── Exercise material ──
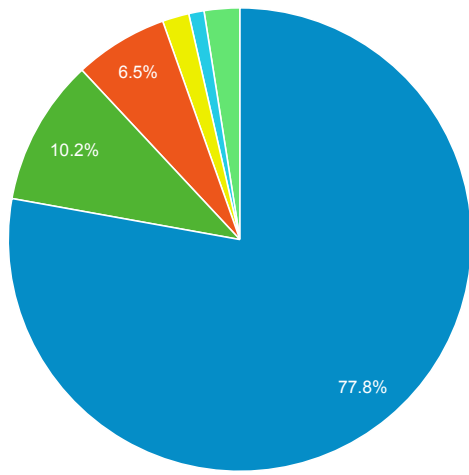

Material Type by Record View

Event Label	Total Events	Sessions
book	14,708	6,202
ebook	1,930	877
film	1,235	440
musicalsound	351	137
cdbook	202	124
manuscript	158	56
printedmusic	155	49
emo_ebooks_red	127	84
computerfile	16	15
kit	6	5

Navigation Button Clicks

Event Label	Total Events	Sessions
Start Over	2,262	1,627
Regular Display	1,468	1,048
Return to Browse	358	173
Next Record	309	101
Previous Record	173	67
Home	63	61
MARC Display	59	43
Modify Search	58	45
Another Search	50	45
Log off	46	41

External Link Clicks

Event Label	Total Events	Sessions
Find your cluster.	677	556
Prospector Link Click	527	423
MOBIUS Librarieshttps://mobiusconsortium.org/branch-map	210	202
eMO External Link Click	113	102
https://www.surveymonkey.com/r/7FBLJKR	56	51
What is MOBIUS?http://mobiusconsortium.org/general	42	42
See display by cluster)	27	22
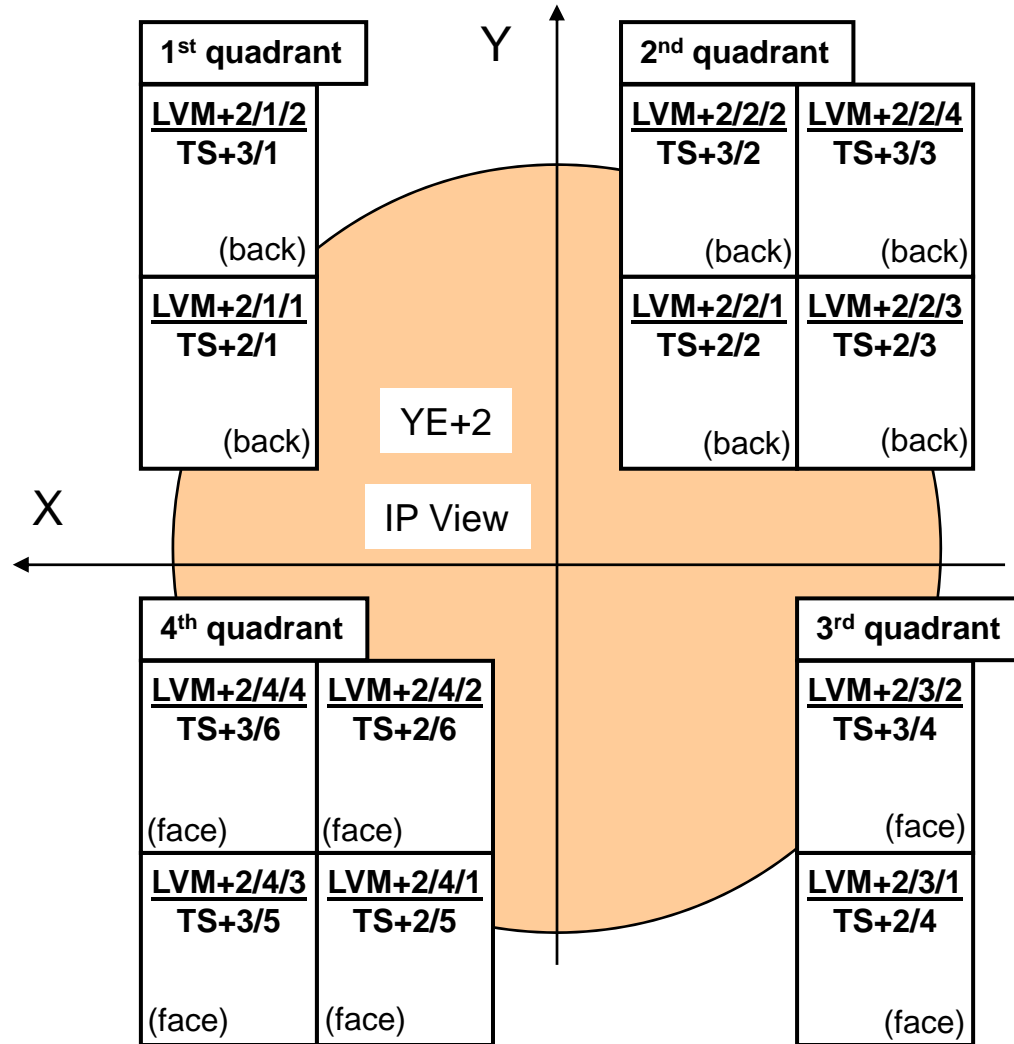

Junction Box Layout for YE+1

#	Trigger Sector	JB Name
1	TS+1/1	LVM+1/4/4
2	TS+1/2	LVM+1/1/1
3	TS+1/3	LVM+1/1/2
4	TS+1/4	LVM+1/2/1
5	TS+1/5	LVM+1/2/2
6	TS+1/6	LVM+1/2/3
7	TS+1/7	LVM+1/2/4
8	TS+1/8	LVM+1/3/1
9	TS+1/9	LVM+1/3/2
10	TS+1/10	LVM+1/4/1
11	TS+1/11	LVM+1/4/2
12	TS+1/12	LVM+1/4/3

Junction box names:
LVM+1/Quadrant/Positon

Junction Box Layout for YE+2

#	Trigger Sector	JB Name
1	TS+2/1	LVM+2/1/1
2	TS+2/2	LVM+2/2/1
3	TS+2/3	LVM+2/2/3
4	TS+2/4	LVM+2/3/1
5	TS+2/5	LVM+2/4/1
6	TS+2/6	LVM+2/4/2

#	Trigger Sector	JB Name
1	TS+3/1	LVM+2/1/2
2	TS+3/2	LVM+2/2/2
3	TS+3/3	LVM+2/2/4
4	TS+3/4	LVM+2/3/2
5	TS+3/5	LVM+2/4/3
6	TS+3/6	LVM+2/4/4

Junction box names:
LVM+2/Quadrant/Positon

Maraton Layout for YE+1
───
**About this exercise**: Nothing but the lines holding the word "Search" should be returned from the listing above.

**Exercise solution**:
Modify Search	58	45
Another Search	50	45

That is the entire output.